On Being Spencer Tracy
My one and only little girl got married today.
I've seen the original version of "Father of the Bride" several times, and I couldn't help but feel myself placed in the role which Spencer Tracy played with such skill and touching realism. In fact, as much as I have loved the movie over the years, I confess that I had no idea how real his portrayal was until going through it myself today.
The exact lines escape me, but I am reminded, in particular, of the moment when Tracy sees his daughter (portrayed by young Elizabeth Taylor) in her wedding gown for the first time, just moments before her wedding. He is taken aback, and moved to a completely different state of mind. I experienced just that today; and to put it in my own words, "My Lord, my little girl is a young woman!"

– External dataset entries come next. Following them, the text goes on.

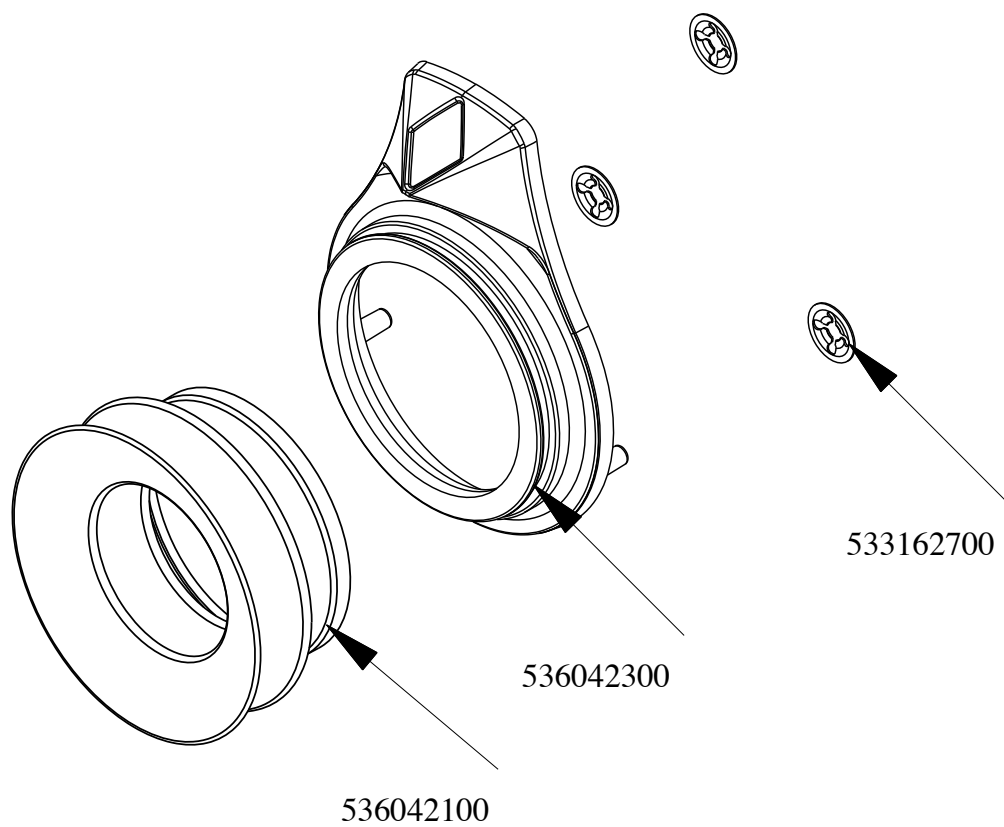

BMT-98G

2021\_11

2

BMT-98G  
2021\_11  
2

Kod	Nazev
533020800	NOZZLE 0160-FLUSS. (25)
533020300	NOZZLE 0160 (NATURAL GAS) 1-2 (41)
533030500	NOZZLE §90 CH12X14 G30/CE
533015100	NOZZLE §80 CH12*14 F-FP/CP6
533056600	NOZZLE §135 CH12*30 M-BM4
533046200	NOZZLE §150 CH12X30 L-BR TP
533046100	NOZZLE §140 CH12X30 MH-BR
533059100	NOZZLE §125A CH12*30 G-BM8
533047100	NOZZLE §100A CH12*30 GF-BM6/8
533047400	NOZZLE §195 CH12*30 M-BM8
533047300	NOZZLE §215 CH12*30 L-BM8
533047500	NOZZLE §205 CH12*30 ML-BM-8G
533018000	ELBOW FOR BICONE D.12 3/8 RS L20
533017900	BICONE D.12
533093900	FITTING GAS ENTRY 1/2G 2OUT 3/8G
533053600	EUROSIT VALVE PLUG
533010800	TUBE NUT D.10 M16*1,5
533039300	BICONE §10
533010900	NUT M14*1 H.4
533052301	JOINT FOR NOZZLE HOLDER
537002800	PIEZOELECTRIC IGNITION M18 WITH NUT
533053300	THERMOCOUPLE EXTENSION M9*1
533009400	BICONE 10S
533009500	NIPPLE FOR BICONE 10S
533039100	BICONE §6
533018500	FITTING FOR BICONE D.6 M10*1
533011500	PILOT BURNER 2 FLAMES 220
533045700	THERMOCOUPLE M9*1 500
533010400	BICONE D.6
533018600	PLUG FITTING
537008300	ROUND PLUG §2,4- LONG ELECTRODE
533085200	SPACER FOR PILOT PLUG
536005100	GRAPHITE §07,4 GASKET
533006700	NOTCHED WASHER D.14
533018400	THREADED FITTING
547003200	HIGH-VOLTAGE CABLE TUBE §2 L=500
531025101	EUROSIT VALVE BM 30-100°C

BMT-98G

2021\_11

2

Kod	Nazev
539060700	RED STICKING DISK 72 (030,090°)
539070500	ADHES.LABEL FOR RING RED SIGN.
533139200	SHORT PIVOT FOR BRASS KNOB
536042000	SILVER CHROM. KNOB Ø77 4P.G.Ø8SX6,5
539054200	STAMP Ø20,5 CR."L" LOTUS R.
533139300	BURNISH HEADLESS SCREW M05*05 PCEI

BMT-98G

2021\_11

3

BMT-98G

2021\_11

3

Kod	Nazev
536042300	SILVER CHROM. RING FOR KNOB Ø77 4 P
536042100	SEAL CASING FOR KNOB Ø77 4 P
533162700	PROCESSING CODE

Oh, sure, as a father, you think that you realize this about your daughter for years--as she graduates from high school and then college, gets a job for which she has a particular gift, and any number of other rites of passage. But for most of us, it never really hits home until your little girl takes a man with whom to spend her life. No, not the engagement...not the preparations...it is not until that moment comes when she is about to vow herself to a man--for better or worse, for richer or poorer, until death--that a father realizes that she is really grown up.
My dear daughter Ann was a miracle child in her own way: Due to my wife Mary's health, we were unable to have more than one child. There was a time in my life when I mourned this inability--until God gave me the grace to realize how amazing it was that we had the one that we did. As an only child, Ann was perhaps a bit spoiled: But by the grace of God, she has grown into a generous, thoughtful, caring, Catholic Christian woman.
After Ann had spent a couple of years in college, a four-hour drive away from us, she announced that she would no longer be spending the entire summer at home, but would come home for visits.
"Visits"--that word made a distinction very clear: Our home was no longer what she considered her home. At that point, I realized that the major portion of our jobs as parents was complete.
But today was different: Today, my eyes were opened to the fact that we're really done with our assignment, and it's time to let go of someone you love; it's time to let that love mature into another form. Reading bedtime stories ended a long time ago, and so did helping with homework. There is no more setting of rules or teaching what is proper. The time has come to let her take what she has learned, put it into parentally unsupervised practice in real life, hope that we got a few things right in the process, and pray for God to fill in the rest.
Adam--the young man who took Ann for his bride today--has been a wonderful friend, and I look forward to the years to come with him as my son-in-law.
When it was all done today, and we left the reception, I was reminded of the desoloation which Spencer Tracy's character felt until his daughter called him from the train station to tell him how much she loved him. I took comfort in the fact that our "kids" now live only a half-hour drive from us, and that we'll see them soon, and probably more frequently than we have in the past couple of years.
Ann and Adam will do just fine. Mary will be ok. And I'll be ok; but just be gentle with me, as I get used to the fact that a new chapter in my life has begun too.